Why Can't Assessments Be Joyful? - Steve Barkley

Why Can’t Assessments Be Joyful?

Since having recorded a podcast with Alexis Wiggins, I have been subscribed to her newsletter at the Cohort of Educators for Essential Learning. As soon as I finished reading the Winter 2024 Newsletter, I asked Alexis if she would share it here.

Alexis Wiggins is the founder and director of CEEL – the Cohort of Educators for Essential Learning. She has worked for over 20 years as a teacher and instructional coach in the U.S., Spain, the Middle East, and Asia. Her book, The Best Class You Never Taught: How Spider Web Discussion Can Turn Students into Learning Leaders (ASCD), explores how to transform classrooms and schools through high-level, student-led inquiry. She is currently the Director of Teaching and Learning at The John Cooper School in The Woodlands, TX (USA).

I was asked to teach a new course this year — a twelfth-grade Senior English course titled “Nonfiction” — and I have been working hard this fall to craft the course by designing reading lists, Essential Questions, unit topics, and assessments that both appeal to my students’ interests and challenge their skills and thinking in new ways. I very much enjoy the creative act of designing curriculum and assessment, and this year has got me thinking about how we educators should go about designing curriculum, units, and assessments for both challenge and joy.

Yes, joy.

I’m a high-school teacher by trade (though I dabbled in middle school for a few years — you MS folks have my utmost respect!), and I found that too often the joy of learning dissipates over the years so that, by seventh or eighth grade (or much earlier!), students are complaining about all the tests, papers, standardized testing, and projects they have without experiencing much of the joy of learning that they did in their early childhood years.

Why shouldn’t learning be joyful? And why shouldn’t assessment be joyful?

I’m not trying to sound pollyanna; I believe in rigor and challenge; I believe in preparation for the next grade level, for college, and for the workplace; I believe that “fun” projects that aren’t grounded in clear, transferable learning goals are not a good use of anyone’s time, despite how enjoyable they may be.

But what’s wrong with pairing joy and challenge on a more regular basis, especially when it comes to assessment? This is just what I set out to do with the blank slate of my new Nonfiction course this year. For example, the final exam.

For their final exam, I wanted to incorporate all that we’d learned in the first semester — but I wanted to do so in a way that was challenging, engaging, and unique. Thanks to the New York Times Learning Network’s 2023 contest for students ages 13 and up, I got the idea for the students to write, edit, and produce their own podcast on the topic of immigration. Here is my Podcast Exam Project with all the details, resources, and rubric.

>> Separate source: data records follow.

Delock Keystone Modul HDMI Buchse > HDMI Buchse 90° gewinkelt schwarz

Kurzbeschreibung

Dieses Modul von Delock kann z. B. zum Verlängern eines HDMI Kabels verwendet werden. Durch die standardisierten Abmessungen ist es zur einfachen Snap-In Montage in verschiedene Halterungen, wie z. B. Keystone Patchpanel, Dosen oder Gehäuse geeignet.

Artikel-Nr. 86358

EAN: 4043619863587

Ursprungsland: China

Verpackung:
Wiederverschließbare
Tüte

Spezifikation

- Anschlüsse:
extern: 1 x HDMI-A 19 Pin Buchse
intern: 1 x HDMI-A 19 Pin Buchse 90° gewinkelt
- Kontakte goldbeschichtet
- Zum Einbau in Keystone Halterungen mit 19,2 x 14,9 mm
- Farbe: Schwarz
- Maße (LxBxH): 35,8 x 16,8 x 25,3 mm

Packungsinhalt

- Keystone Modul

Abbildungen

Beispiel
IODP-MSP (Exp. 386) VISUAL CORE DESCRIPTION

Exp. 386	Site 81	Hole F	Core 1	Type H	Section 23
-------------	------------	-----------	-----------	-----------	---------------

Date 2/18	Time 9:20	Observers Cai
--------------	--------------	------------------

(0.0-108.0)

When I polled the students prior to exams and asked them if they’d prefer a sit-down, timed essay exam or the podcast project, the majority of them said they preferred the sit-down essay. I was surprised. Surely, they’d love the creative freedom and “joyful” nature of this out-of-the-box assignment? Nope. One student summed it up for her peers with a frown: “The podcast is harder.”

Ah, yes. It was more challenging for them to get out into the community, interview real people, and edit it into a compelling audio story in 5 minutes or less. I could see the challenge, but could they see the joy?

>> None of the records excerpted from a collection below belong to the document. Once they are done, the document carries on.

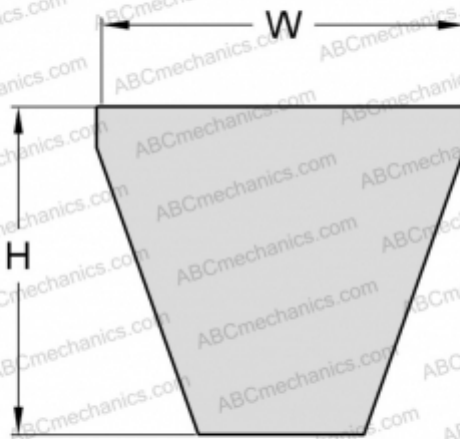

# PHG 8V1500XP SKF

Хтра узкий клиновыи ремень с оберткой боковых граней

ТИП: Клиновые ремни, Узкие, Приводные SKF Xtra Power стандарт ANSI (США), Профиль 8V XP (SKF)

### РАЗМЕРЫ, ММ

Расчетная длина	3810,000
Ширина, W	25,000
Высота, H	23,000
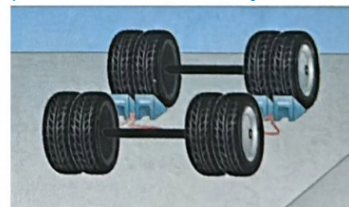

CALZA PARA CAMIÓN CON SOGA NEGRA/NARANJA

COD: SEO006

DESCRIPCIÓN:

- Par de calzas para todo tipo de vehículos.
- PVC flexible de color negro con filtro UV para protección solar.
- Base: 27 x 19 cm.
- Altura: 21 cm.
- Reflectivo: Lente Acrílico Prismático 2 de 16,5 x 2 cm.
- Estructurada con sogas de unión, sin partes metálicas.
- Peso: 11kgs.
- Colores disponibles: Negro.

•Aplicación

Apto para toda clase de vehículos.

USO DE LAS CALZAS:

Estacionamiento en superficie horizontal

fig.1

Si estaciona en un suelo plano, o si la inclinación no se puede determinar, coloque las calzas a ambos lados del neumático del lado del conductor.

Estacionamiento en plano inclinado

fig.2

Si estaciona en una pendiente, coloque las calzas contra la misma en ambos neumáticos del lado del conductor.

Estacionamiento en plano inclinado (dos ejes)

fig.3

Considere el uso de calzas en ambos neumáticos de un mismo eje si la carga es transportada es importante.
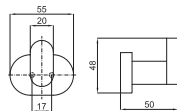

NANTES

Robe hook
Crochet
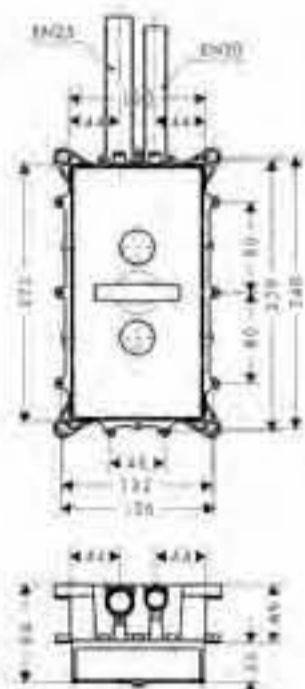

Se compone de 2 elementos:

- Panel de control
- Caja de instalación (conexión eléctrica 220V/50Hz)

A completar con:

- RainBrain cuerpo empotrado (ref.15840180)

Opcional:

- RainBrain set de control de luz (ref.27189000)

blanco/cromo  
cromo

15841400  
15841000

**RainBrain cuerpo empotrado**

- Cuerpo empotrado para panel de control
- Bloque de conexión con entradas DN20 para agua fría y caliente con llave de paso y filtro integrados
- 5 salidas DN20
- Tubo de Ø 20mm para el cable de conexión entre el panel de control y la caja de instalación

Once exam day came, however, I was wowed with the results, and so were many of the students. A couple podcasts stood out as highly professional, and all will be eligible to submit their project to the New York Times 2024 contest later this spring. When polled again, after the presentations were finished, all but one student said they preferred the podcast project to a traditional exam.

Buoyed by my experiments with joyful challenge in the fall, I’m leaning in this spring. This semester, as my seniors begin their final semester of high school, we are shifting our focus to food writing, cooking, and gastronomy. The students’ textbook is a cookbook. We’re watching documentary films, like Netflix’s Live to 100: Secrets of the Blue Zones. We’re reading articles on the science of food and nutrition, like one on ultra-processed foods and one on nutrition tips for the New Year. We’re delving into the world of critics, reading several restaurant reviews, like this legendary Pete Wells review of Guy Fieri’s Times Square restaurant.

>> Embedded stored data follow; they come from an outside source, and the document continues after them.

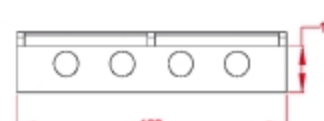

M-9-40 6 colgadores 150 x 17 h.

M-9-39 8 colgadores 200 x 17 h.

Perchero inoxidable-fenólico,
Con bandeja superior.
Acabado: amarillo, rojo y azul.

M-9-39

M-9-40

M-9-41

M-10-56-I

Jardinera poliestireno con autorriego.
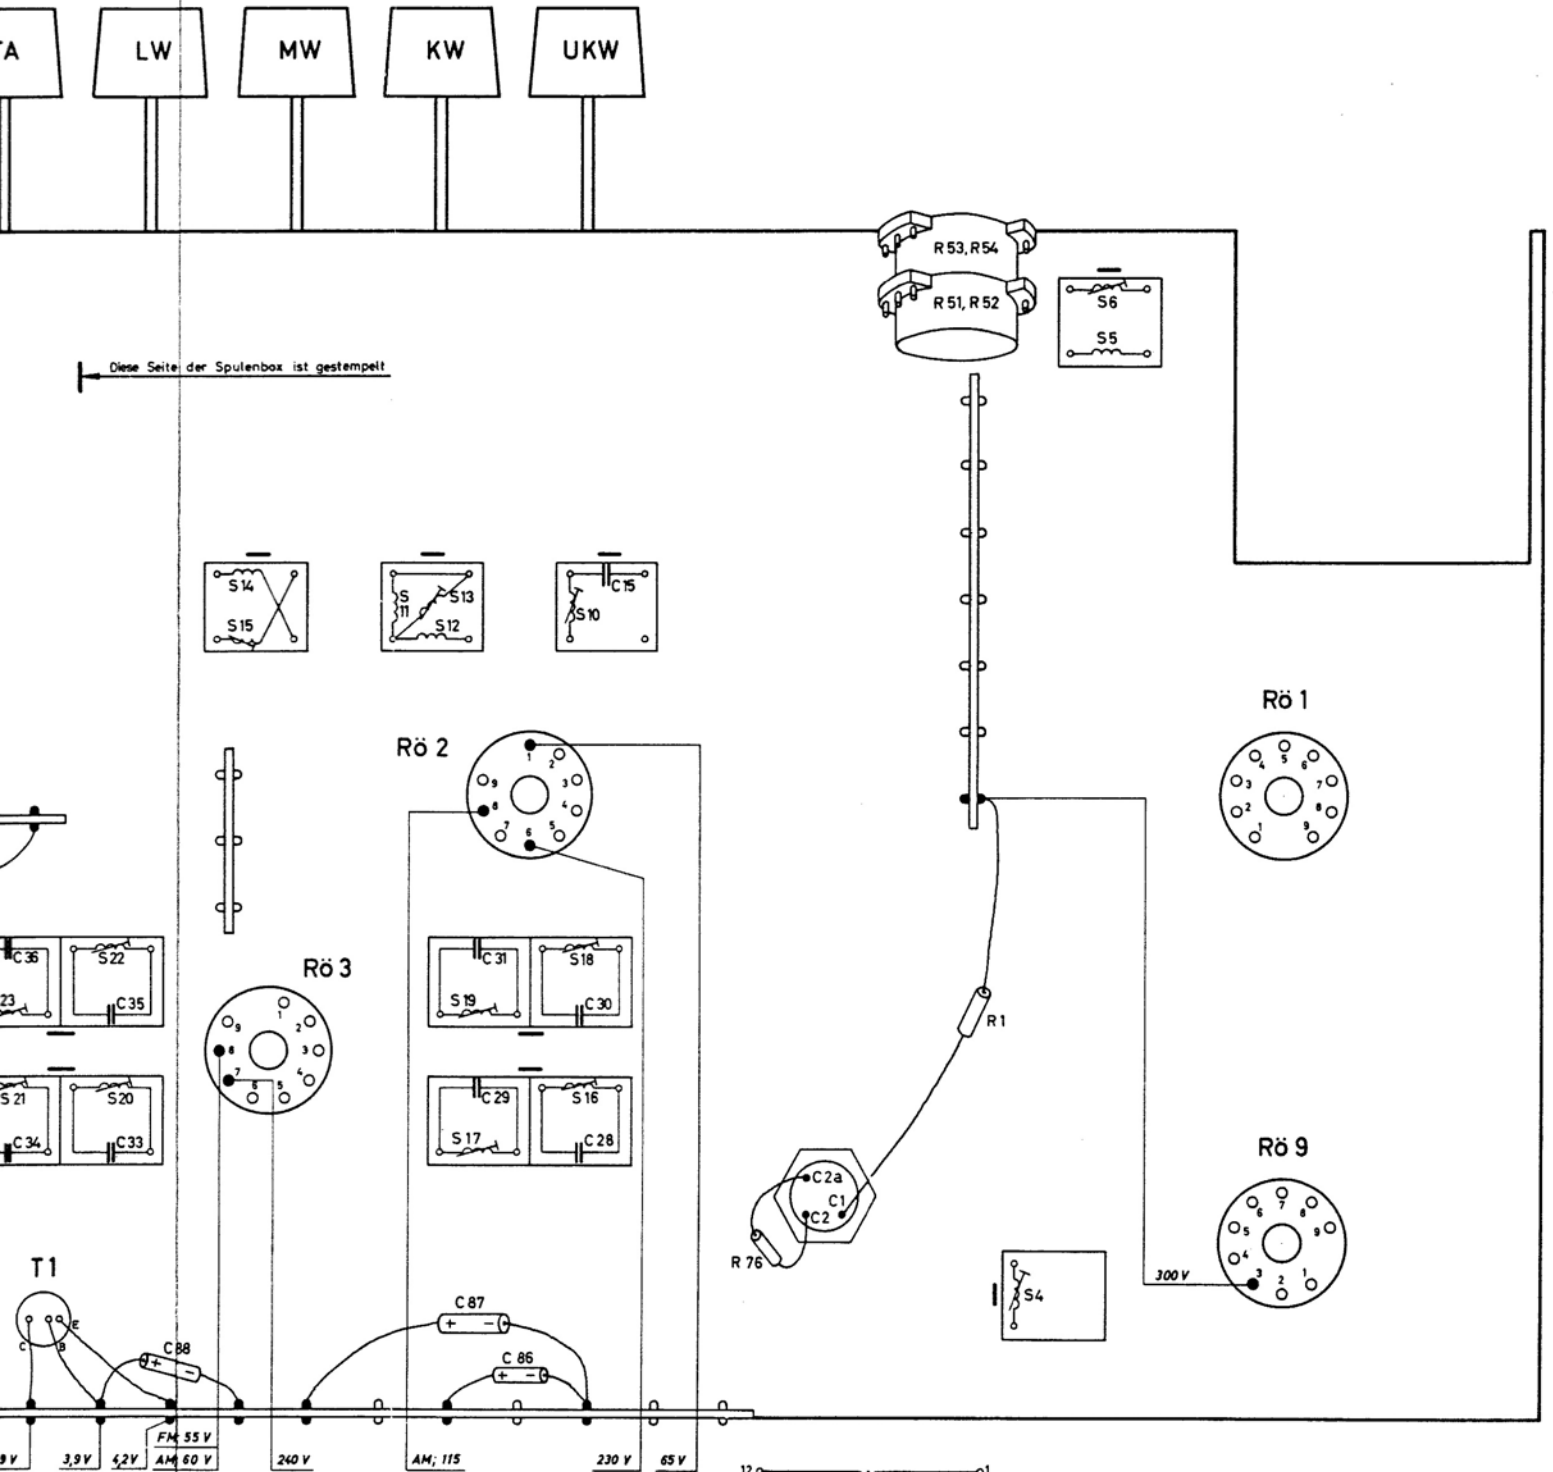

B7X14A

Spulen - und Trafoanschlußplan

Ersatztrafo für Tr.2 - Tr.3

12	S2	280 V	1000 Wdg.	0,28" Cul.	110 V	S1a	384 Wdg.	0,5" Cul.	17 V
11	S2'	280 V	1000 Wdg.	0,28" Cul.	130 V	S1b	60 Wdg.	0,5" Cul.	18 V
10	S3	6,3 V	24 Wdg.	0,8" Cul.	150 V	S1c	60 Wdg.	0,5" Cul.	20 V
16	S4	6,3 V	24 Wdg.	0,8" Cul.	140 V	S1d	70 Wdg.	0,4" Cul.	55 V
15						S1e	192 Wdg.	0,4" Cul.	25 V
						S1f	88 Wdg.	0,4" Cul.	
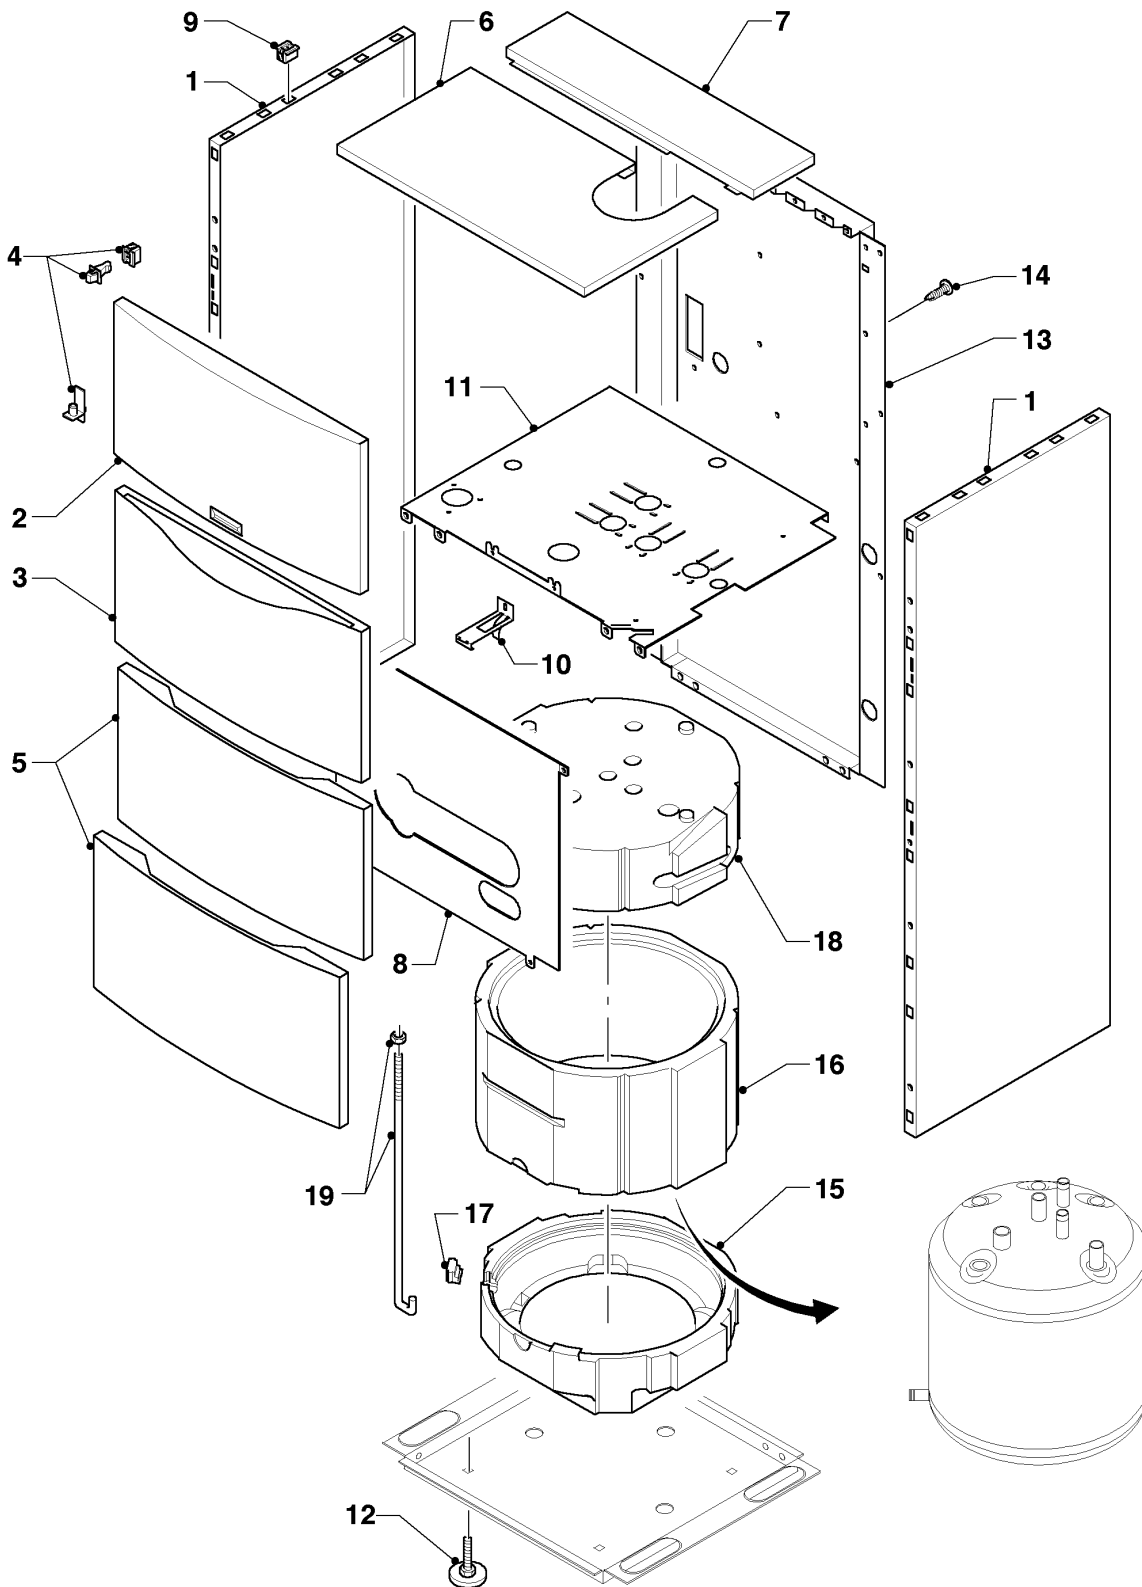

VSC Condensation (ecoCOMPACT)

VSC FR 196-C 150

07a - Habillage

03 - 07 - 036.01

VSC Condensation (ecoCOMPACT)

VSC FR 196-C 150

07a - Habillage

Pos.	Référence	Désignation	Remarque
01	078770	Panneau latéral	
02	078931	Couvercle (façade)	
03	078929	Couvercle	
04	091364	Pieces de fixation	avec pièce 09
05	078930	Couvercle (façade)	
06	297930	Tôle dessus (avant)	
07	297931	Tôle supérieure (à l'arrière)	
08	209411	Panneau protection	
09	091629	Jeu de fixation revêtement, kit de 10	
10	219630	Clip (coffret de commande)	
11	297929	Tôle inférieure	
12	459886	Pied réglable	
13	134616	Paroi arrière	
14	0020107695	Vis (x10)	
15	076272	Isolation, dessous	
16	076291	Isolation, centrale	
17	076273	Isolation	
18	111918	Isolation, dessus	
19	060304	Barre de fixation, kit de 2

For their assessments, students will have a series of Spider Web Discussions to discuss texts, they will write four persuasive “synthesis” essays, using a variety of our texts as evidence, and they will complete their very own cooking and multimedia Chef Project.

Additionally, I’ve arranged for some guest speakers, including local chefs who have volunteered to come in and teach the students pastry-making and molecular gastronomy.

It’s exciting to come to class every day because the content is engaging, unique, and enjoyable for all of us. While it’s clear that not every course in every school can be designed with this much freedom, surely we educators can all find ways to incorporate more “challenging joy” into the texts we select and the assessments we design for our students, whether they are age 8 or 18.